▸ Instructions to follow
Give back exactly the lines spanning from the one containing "DFP 838-L 127,- Kč/m" to the final line of the records below, and no others.

-------- Data to use

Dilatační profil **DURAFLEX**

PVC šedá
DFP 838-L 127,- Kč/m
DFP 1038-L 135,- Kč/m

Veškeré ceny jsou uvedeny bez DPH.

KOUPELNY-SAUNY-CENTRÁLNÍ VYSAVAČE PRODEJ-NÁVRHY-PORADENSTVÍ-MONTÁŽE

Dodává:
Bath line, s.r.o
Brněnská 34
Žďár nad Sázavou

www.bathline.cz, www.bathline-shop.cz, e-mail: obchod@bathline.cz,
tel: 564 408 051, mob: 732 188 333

----------------

▸ Expected answer
DFP 838-L 127,- Kč/m
DFP 1038-L 135,- Kč/m

Veškeré ceny jsou uvedeny bez DPH.

KOUPELNY-SAUNY-CENTRÁLNÍ VYSAVAČE PRODEJ-NÁVRHY-PORADENSTVÍ-MONTÁŽE

Dodává:
Bath line, s.r.o
Brněnská 34
Žďár nad Sázavou

www.bathline.cz, www.bathline-shop.cz, e-mail: obchod@bathline.cz,
tel: 564 408 051, mob: 732 188 333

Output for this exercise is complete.